2017年11月11日 (土)

『ものづくり道』(西堀榮三郎著)を拾い読み

 西堀榮三郎といえば、日本の第一次南極観測越冬隊長であり、日本のQC(品質管理)活動の草分けでもある。また、いま日本経済新聞朝刊の「私の履歴書」を書いている石毛直道氏の所属した京都大学探検隊の先輩でもある。

 その西堀氏が晩年に書いた『ものづくり道』(2004年7月)は超一流の職人、岡野雅行氏が「ものづくりに携わる技術者、製作者のすべてに読んでほしい福音の書」と讃えた書物。拾い読みしても面白く、かつ、ためになる。

 同書によると、西堀氏が示す企業運営の基盤になる4つの原則は、まず、第一に「法の上に良心を置く」である。「法に触れないだけでなく、その上に良心を置いて運営に当たらなければならない」。「企業はあくまで良心に照らして人類の福祉に反しない行動をとるべきである」。

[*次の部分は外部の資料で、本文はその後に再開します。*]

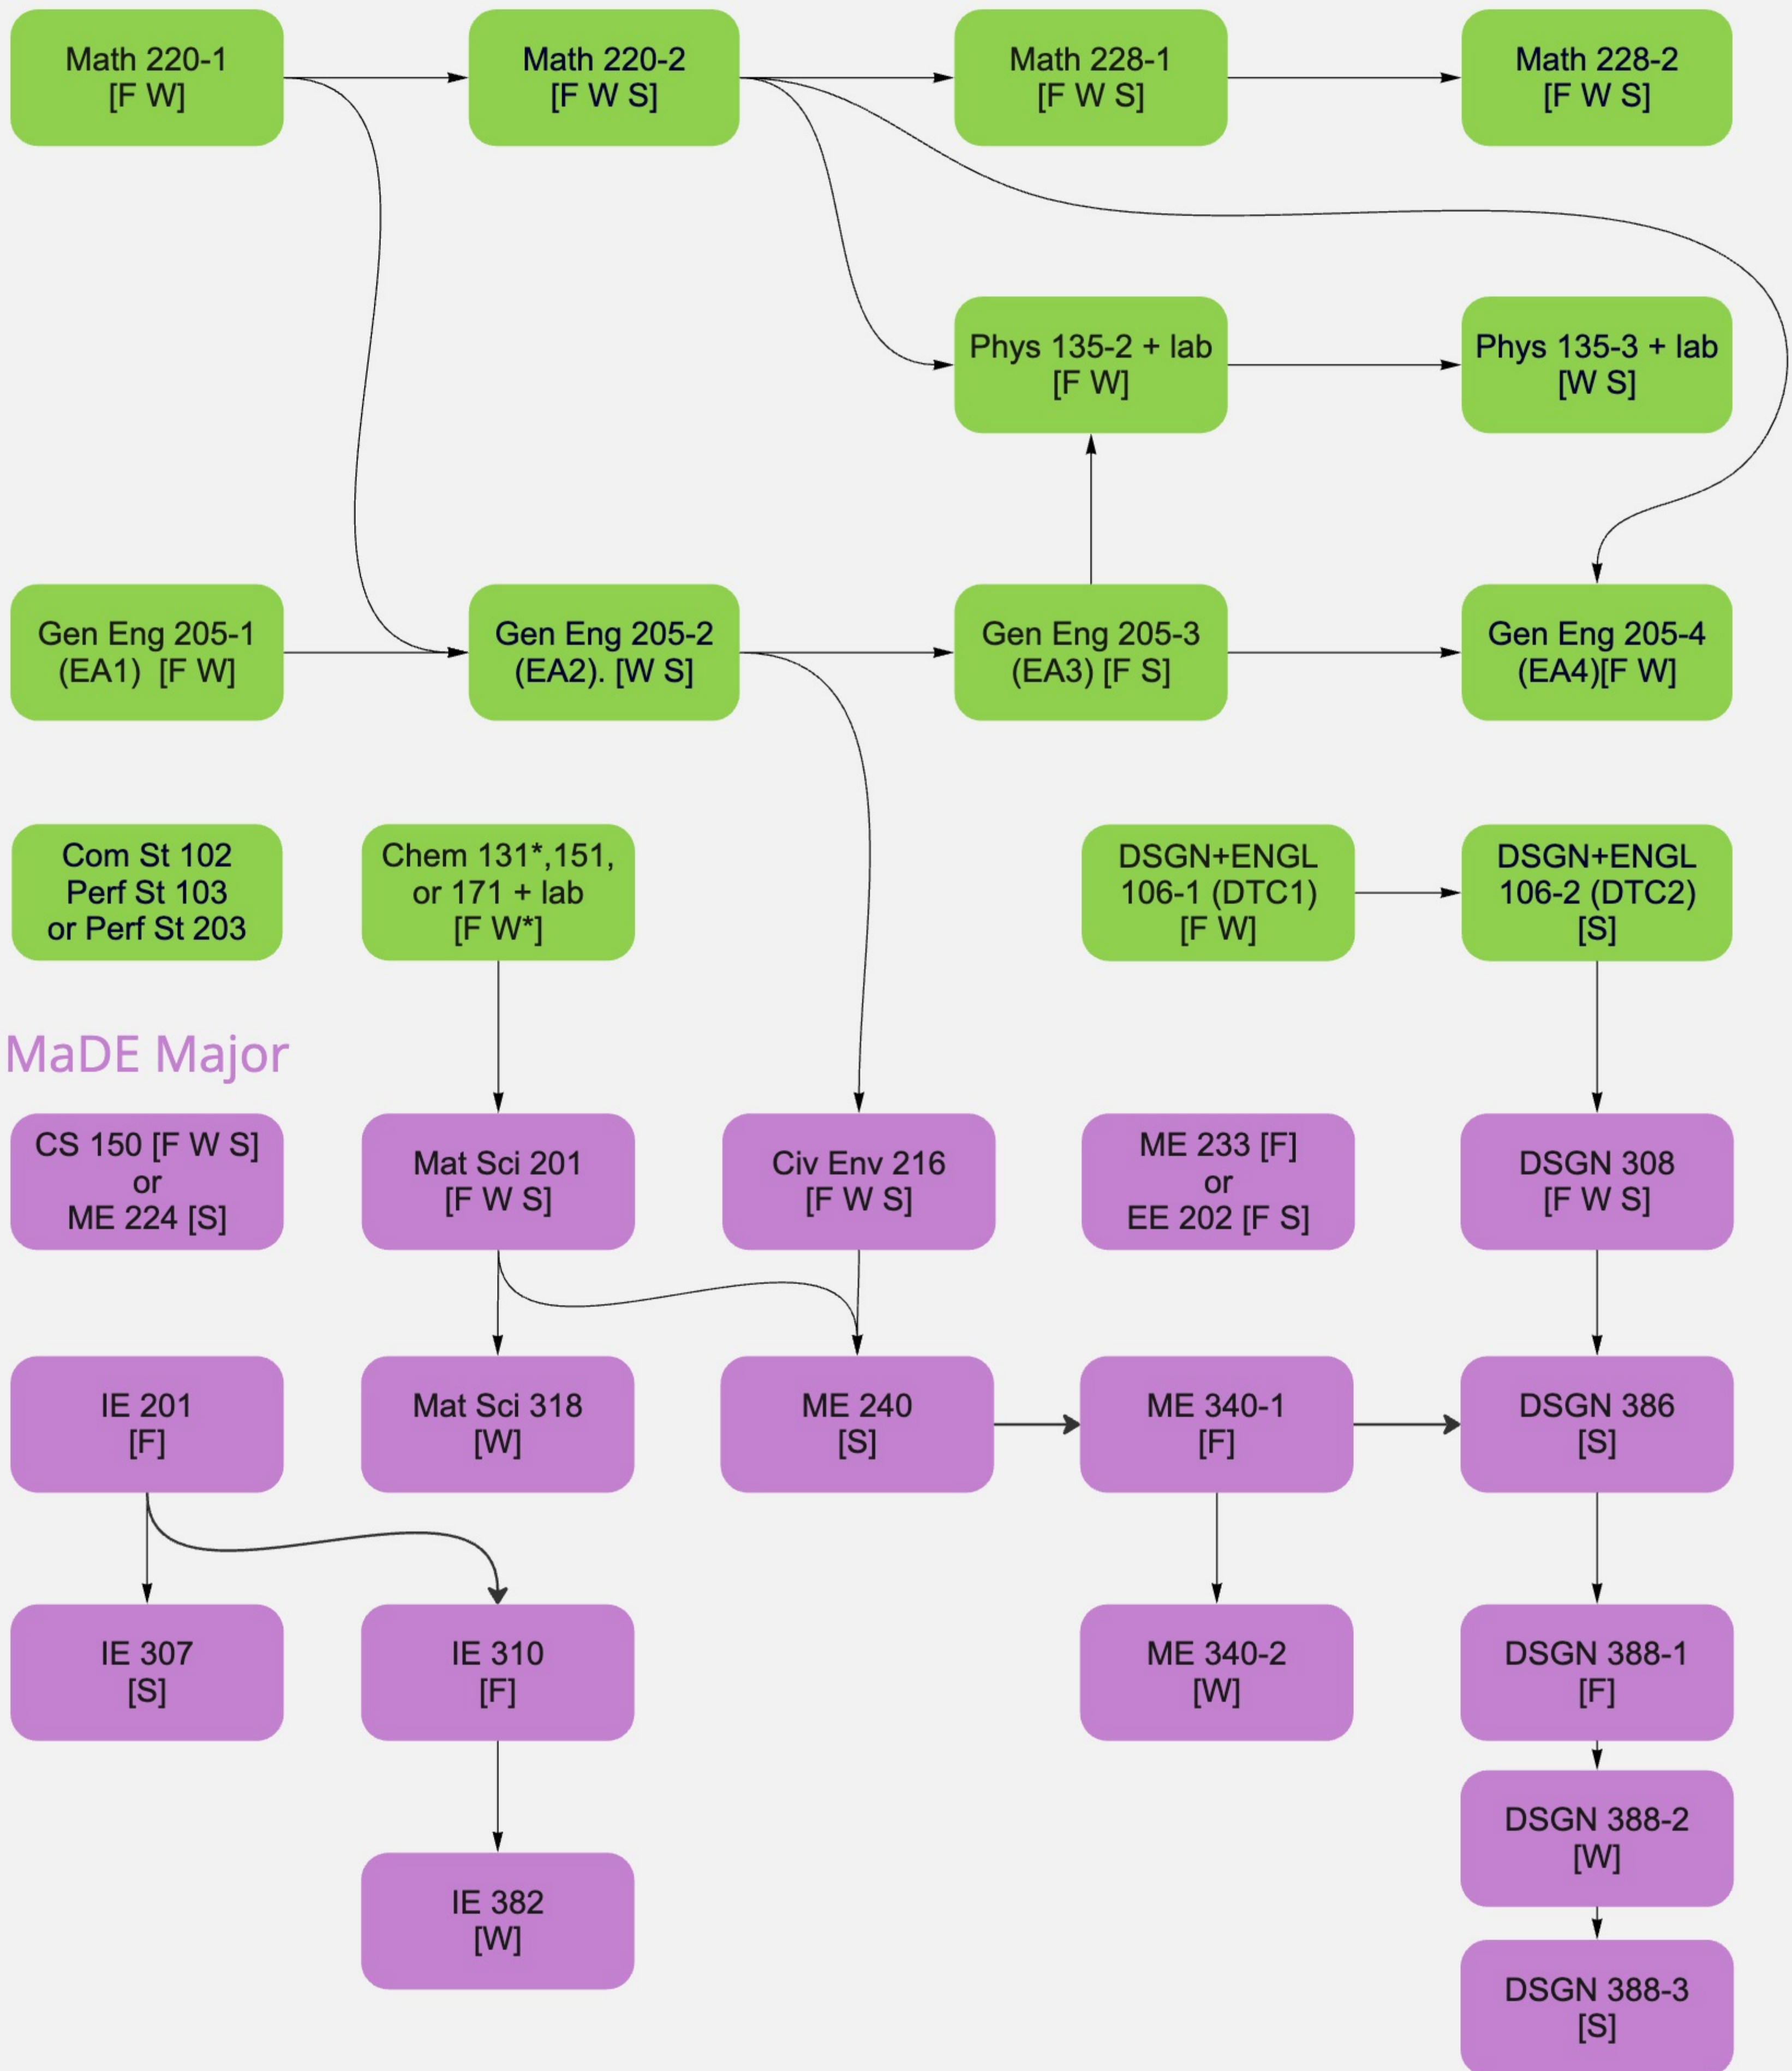

MaDE Degree - AY23 - 24

Required Electives: 7 Theme + 5 Unrestricted + 4 Technical

[Fall Winter Spring]
ver: Nov 2024
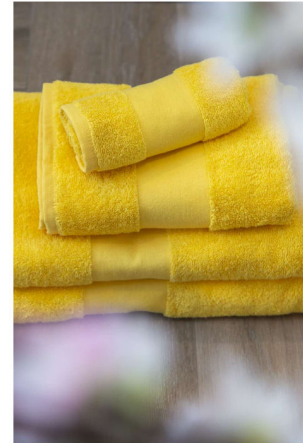

OLIMA CLASSIC TOWEL**SKU:** TP3OL450SU-70X140**Categorie:** Casă și bucatărie

100% Ring-Spun cotton;450g/m²;Tear away label;Dyed to match. 100% cotton hanger loop;Guest and Hand towel - Hangeron shorter sides;Bath and Maxi Bath - Hangeron longer sides;Two emphasized bordures at towel ends;Border width:Guest (30x50) 6cm;Hand (5

General information	
Brand	Olima
Color	Aqua
_Color_Hex	#03a3c8
Item Weight Net Gr	0.73
Size	100x150
Imprint Method	S2,DT
Imprint Size	21 x 29
Country Of Origin	TR
Gender	Unisex

Variations		
Attribute	SKU	Stock
#03a3c8 	TP3OL450AQ-100X150	159
#03a3c8 	TP3OL450AQ-30X50	1625
#03a3c8 	TP3OL450AQ-50X100	1627
#69b3e7 	TP3OL450BB-100X150	374
#69b3e7 	TP3OL450BB-30X50	1344
#69b3e7 	TP3OL450BB-50X100	2804
#69b3e7 	TP3OL450BB-70X140	2831
#f5b6cd 	TP3OL450BBP-100X150	162
#f5b6cd 	TP3OL450BBP-30X50	766
#f5b6cd 	TP3OL450BBP-50X100	857
#f5b6cd 	TP3OL450BBP-70X140	1018
#41553c 	TP3OL450BG-30X50	1400
#41553c 	TP3OL450BG-50X100	1509
#41553c 	TP3OL450BG-70X140	4436
#1a1718 	TP3OL450BL-30X50	2161
#1a1718 	TP3OL450BL-50X100	9185
#03a3c8 	TP3OL450AQ-70X140	1384
#41553c 	TP3OL450BG-100X150	325
#1a1718 	TP3OL450BL-100X150	530

 第二に、「企業間のモラルを守る」である。「企業間の相互関係から生まれるモラルや倫理を踏み外し、他企業を陥れるようなことがあってはならない」。

 第三に、企業に携わるすべての人が「一致団結する」こと。愛社心と一致協力の精神をもって企業体質の強化に努力すべきであり、そのためには、すべての部門で困難に立ち向かう勇気が生まれる雰囲気をつくることが大事という。

 第四に、「役割に全力を尽くす」ことである。企業は「存立目的に照らした社会的使命を念頭に」、「企業に関わるすべての人の生活を保障し得るようにすべき」だという。そのためには、共同の目的を掲げ、それを各部署、各人に分け、それぞれが実施目標を立て全力投球することになる。

 西堀氏は、京大助教授から、実生活に役立つ研究をするために東芝へ転職した経歴がある。その東芝の経営が破綻に近い状況に陥っている。また、神戸製鋼所や日産自動車などは法を軽視していたなどで窮地に立っている。同書を読んでいると、いろいろな出来事と重ね合わさって、考えさせられる。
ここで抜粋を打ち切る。